Tomorrow, the State of Texas plans to execute Anthony Bartee for the 1996 murder of his friend David Cook in San Antonio. Bartee has consistently maintained that although he was present at the house, he did not kill Cook.
Bartee was originally scheduled to be executed on February 28, 2012, even though DNA evidence collected at the crime scene had not been tested as ordered on at least two occasions by District Judge Mary Román. He received a reprieve on February 23, 2012 when Judge Román withdrew the execution warrant so that additional DNA testing could be conducted on strands of hair found in the hands of the victim, David Cook. She also ordered the forensic lab to provide a detailed and comprehensive report to the court with an analysis of the results.
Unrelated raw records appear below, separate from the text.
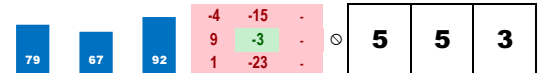

3-JOHNY'S BOBBY (3-1)

Trainer: Bauer Philip A (0-0%-0%-0%)
Jockey: Leparoux Julien R (0-0%-0%-0%)
Class Rating: 0.06 Rank: 1

2018 (2): 3-0-1-0-$20,060
Life:3-0-1-0-$20,060
Style: R-1

08/11/18 SAR2 7.0 D 24.5 $85,000 12 MdSpWt 95.2% 35
07/21/18 SAR2 8.5 t 9.6 $85,000 12 MdSpWt 2.8% 56
06/21/18 CD5 5.5 D 8.0 $51,000 10 MdSpWt 4.6% 86
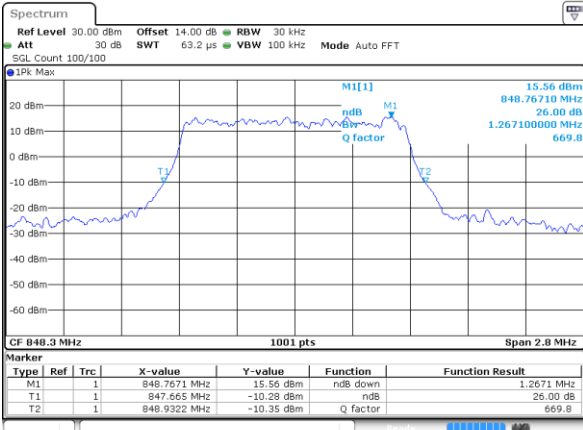

Highest Channel / 20MHz / QPSK

Date: 31.AUG.2019 11:32:54

Highest Channel / 20MHz / 16QAM

Date: 31.AUG.2019 11:33:04

LTE Band 26

Lowest Channel / 1.4MHz / QPSK

Date: 31 AUG 2019 17:42:02

Lowest Channel / 1.4MHz / 16QAM

Date: 31 AUG 2019 17:41:52

Middle Channel / 1.4MHz / QPSK

Date: 31 AUG 2019 18:12:26

Middle Channel / 1.4MHz / 16QAM

Date: 31 AUG 2019 18:12:36

Highest Channel / 1.4MHz / QPSK

Date: 31 AUG 2019 18:13:05

Highest Channel / 1.4MHz / 16QAM

Date: 31 AUG 2019 18:13:15

LTE Band 26

Lowest Channel / 3MHz / QPSK

Date: 31 AUG 2019 18:13:45

Lowest Channel / 3MHz / 16QAM

Date: 31 AUG 2019 18:13:54

Middle Channel / 3MHz / QPSK

Date: 31 AUG 2019 18:14:24
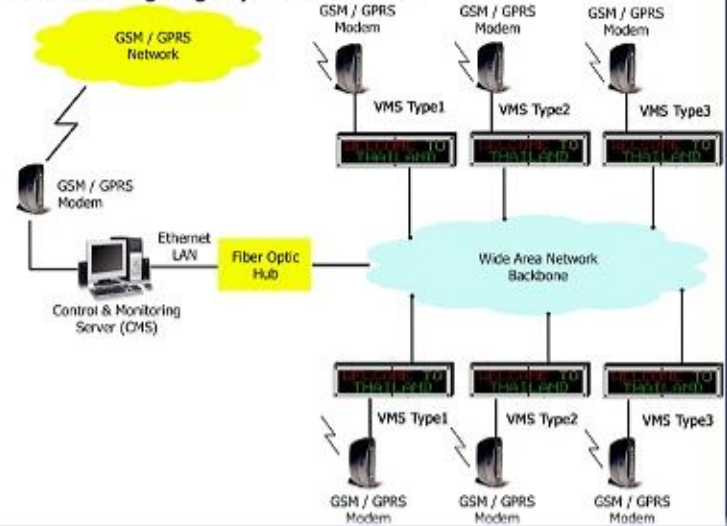

Variable Message Sign System Schematics

334353-H

Website: www.adtdisplay.com

CERT NO: 16887

BS EN ISO 9001: 2008
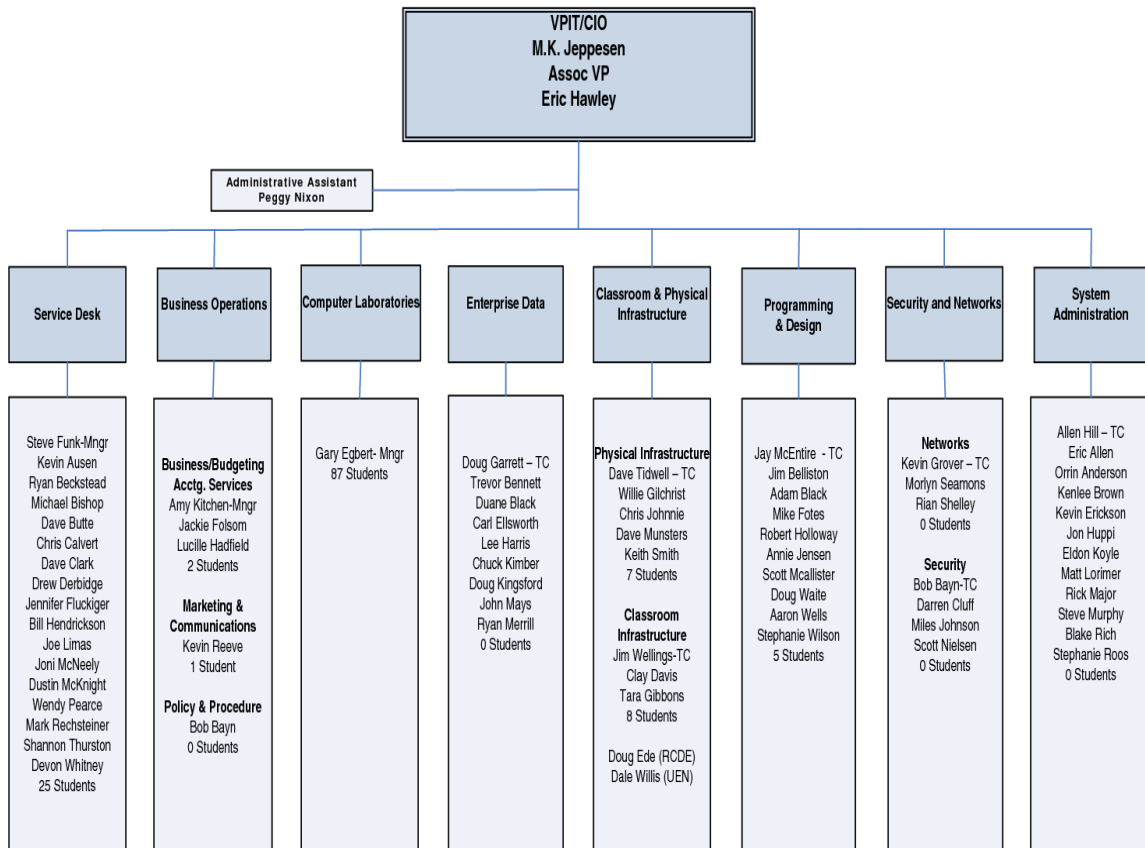

ORGANIZATIONAL CHART BY TEAM

All USU IT enterprise resources and functions not reporting directly to the VPIT.; i.e. college, departmental and unit programmers, DBA, systems admin, desktop admin, web development, technologists, computer specialists, network sys specialists etc., (people, equipment, software etc. throughout USU) will be coordinated, but not controlled or funded by VPIT/CIO Office. 11-12-09
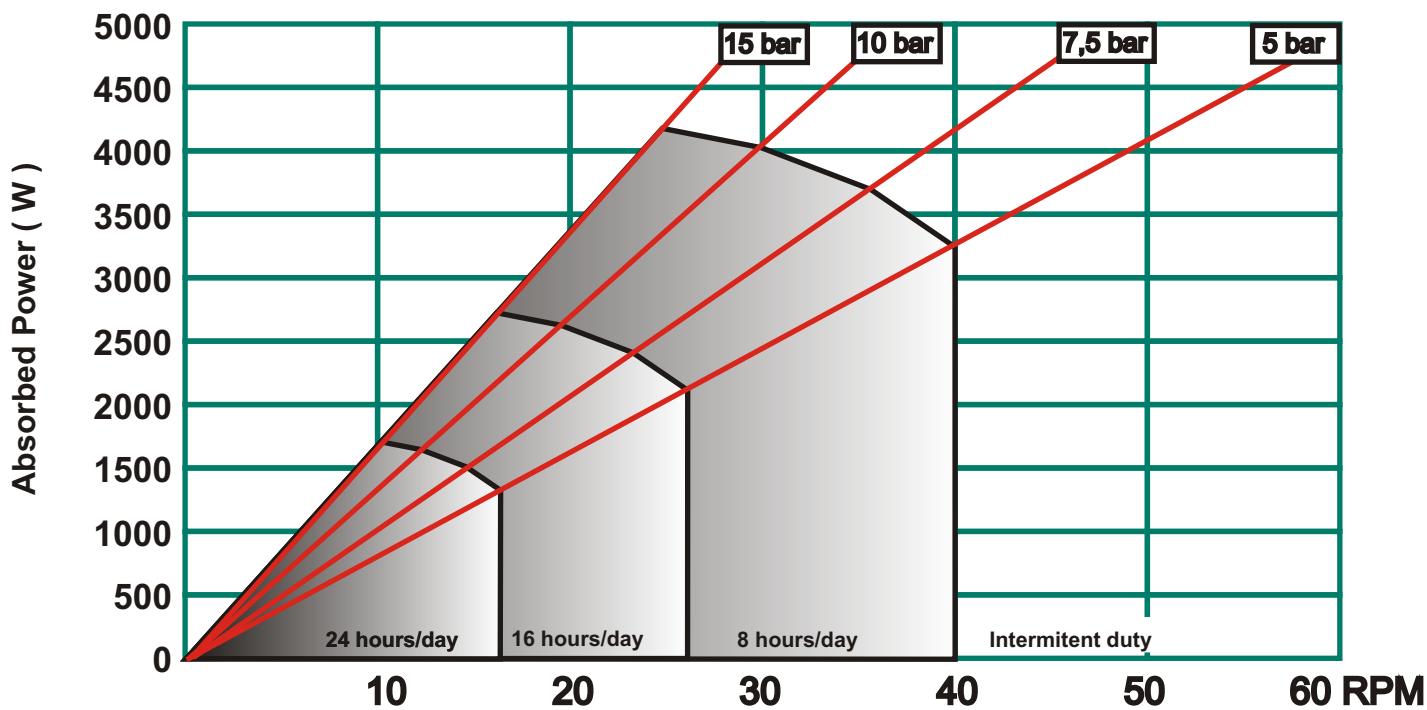

RBT-60 Model

Performance curve

1.3.4.4 RBT-60 performance - 30/08/2013

Pressure (bar)	Nominal Torque (Nm)
Minimum starting torque	800
5	800
7,5	1000
10	1300
15	1700
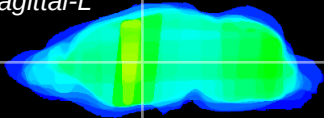

Coronal

Sagittal-R

Sagittal-L

ViBriSM: CX31265
Horizontal

VA/VL

Yet, before the testing occurred, Judge Román inexplicably set another execution date, for May 2, 2012.
According to Bartee’s attorneys, DNA testing was just conducted and indicated that hairs that were tested found in Cook’s hands belonged to Cook. The jury never heard this evidence – and in fact wasn’t told about the hairs at all – which might have undermined the prosecution’s theory of the case that a violent struggle had ensued between Cook and his killer. Still, Judge Román entered the findings as unfavorable, opining that this evidence would not have made a difference in the outcome of the trial, had it been available to the jury. Under Article 64.05 of the Texas Code of Criminal Procedure, Bartee’s attorneys have the right to appeal the unfavorable findings. The fast-approaching execution date significantly impedes this right to due process, however.
In addition, there is still more evidence that has not been tested for DNA, including cigarette butts and at least three drinking glasses found at the crime scene. In 2010, the court ordered that all items that had not been tested be tested, but these items still have not been tested.
If the state is so certain that Bartee is guilty based on circumstantial evidence, what’s the harm in waiting a little while to finish testing all of the available DNA evidence? If the state turns out to be right, Bartee will almost certainly be executed in a couple of months; if the state turns out to be wrong, an innocent man is saved. Given those stakes, and the near-universal abhorrence of executing innocent people, it seems pretty clear what to do.